Varying the dosage of platinum anticancer drugs, Fu et al. observed that low-dose (10mg/kg) cisplatin or oxaliplatin reduced toxicity, increased T cell numbers in blood, and synergized with anti-PD-1 therapy in treating MC38 colon carcinoma. Anti-PD-1 was optimal beginning 3 days after (rather than concomitant or 6 days after) chemotherapy. Combination therapy increased intratumoral CD8+ T cells and reduced exhaustion marker expression, while oxaliplatin alone increased PD-1 expression. In vitro, platinum-treated MC38-OVA cells expressed immunogenic cell death markers and T cell-recruiting chemokines, prompting OT-1 proliferation and migration.

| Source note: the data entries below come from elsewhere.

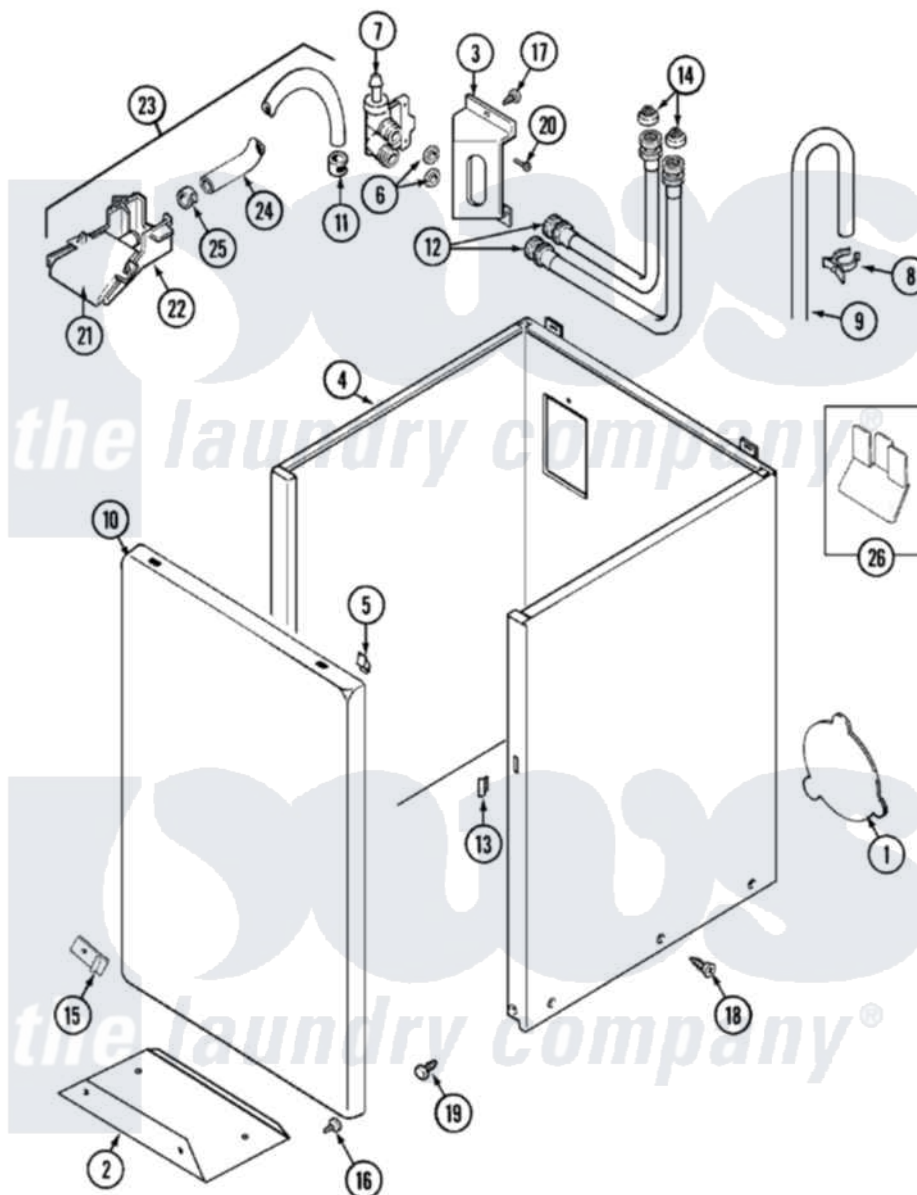

Maytag LAT9206BBE 02 - CABINET

Maytag [Residential Maytag LAT9206BBE Washer Parts](#) Parts Diagram 02 - CABINET

Click on the part number to view part

Item	Original Part Number	Replaced By	Status	Part Description
1	22001683	22002924		Plate, Access
"	211878		Not Available	PLATE, ACCESS
"	211294	90767		Screw, 8A X 3/8 HeX Washer Head Tapping
2	213846			Guard, Belt
3	22003217	3370225		Screw
"	22002361			Bracket, Water Valve
4	22002379	22004425		Cabinet White Aspck
5	22001650			Fastener, Spring
6	Y013783			Washer, Inlet Hose
7	22002360			Valve, Water
"	214337	96160		Screen
8	22001815	22002765		Clip, Hose
9	22001816			Hose, Drain
10	22001817			Sheet, Sound Damper
"	22002366		Not Available	PANEL, FRONT (WHT)
11	216169	596669		Clamp, Manifold

12	202860		Inlet Hose Assembly
13	214376	22002331	Spacer, Front Panel
14	200961	12001413	Strainer And Washer Kit
15	22002376		Clip
"	12001341		Screw And Fastener Kit
"	22001995		Screw Note: Screw, Tumbler Front And Shroud
"	22002377		Clip, Retainer
"	22002378	27001200	Screw
16	211294	90767	Screw, 8A X 3/8 HeX Washer Head Tapping
17	22002372		Screw
18	213007		Xfor Cabinet See Cabinet, Back
19	213122	27001200	Screw
"	213121	3400111	Screw, 12-14 X 5/8
20	Y313561		Screw----NA
21	22001187		Injector
22	22001186		Injector
23	22001304		Water Injector Assembly
24	22001190		Hose, Injector
25	216169	596669	Clamp, Manifold
26	22001972		Clip, Cabinet

Contributed by Alex Najibi
ABSTRACT: Recently, the combination of platinum chemotherapy with PD-1/PD-L1 pathway blockades has shown synergistic efficacy in a few clinical trials. However, the exact mechanisms and the optimized sequence of such combinations are not fully clear. In this study, we combined different doses of platinum agents (cisplatin or oxaliplatin) with sequential therapy of PD-1 blockade therapy (anti-PD-1 antibody or anti-PD-L1 antibody) to treat established MC38 murine colon tumors. Although 10 mg/kg platinum (cisplatin or oxaliplatin) showed no significant effect on tumor growth, its combination with sequential anti-PD-1 antibody administration caused complete tumor remission in 80-100% mice. The synergic therapeutic efficacy was found to be associated with more effector and less exhausted CD8 T cell infiltration in the tumor sites. Platinum chemotherapy is generally considered immunosuppressive, with lymphopenia and neutropenia being common side effects. However, our data showed that high-dose (20 mg/kg) platinum treatment induced lymphopenia in MC38 tumor-bearing mice, and low-dose (10 mg/kg) treatment augmented the T cell response with an increased number of peripheral T cells. Notably, increased numbers of PD-1 positive CD8 T cells were found in draining lymph nodes, peripheral blood and tumor tissues three days after 10 mg/kg oxaliplatin treatment, and increased numbers of CD8 T cells and apoptotic tumor cells were detected at the edge of tumor tissues. Further investigation showed that the death of tumor cells induced by platinum compounds promoted T cell activation. Moreover, increased expression of T cell-attracting chemokines (CXCL9, CXCL10 and CCL5) was detected in MC38 cells after platinum treatment. These data indicated that the optimal dose of platinum chemotherapy could trigger T cell activation and recruitment into tumors, and sequential PD-1 blockade could prevent newly arriving T cell from becoming exhausted in tumor sites. These findings highlight the importance of optimizing the dose and timing of platinum chemotherapy combined with PD-1 blockade and provide an indication for the improvement of combined therapies in clinical trials.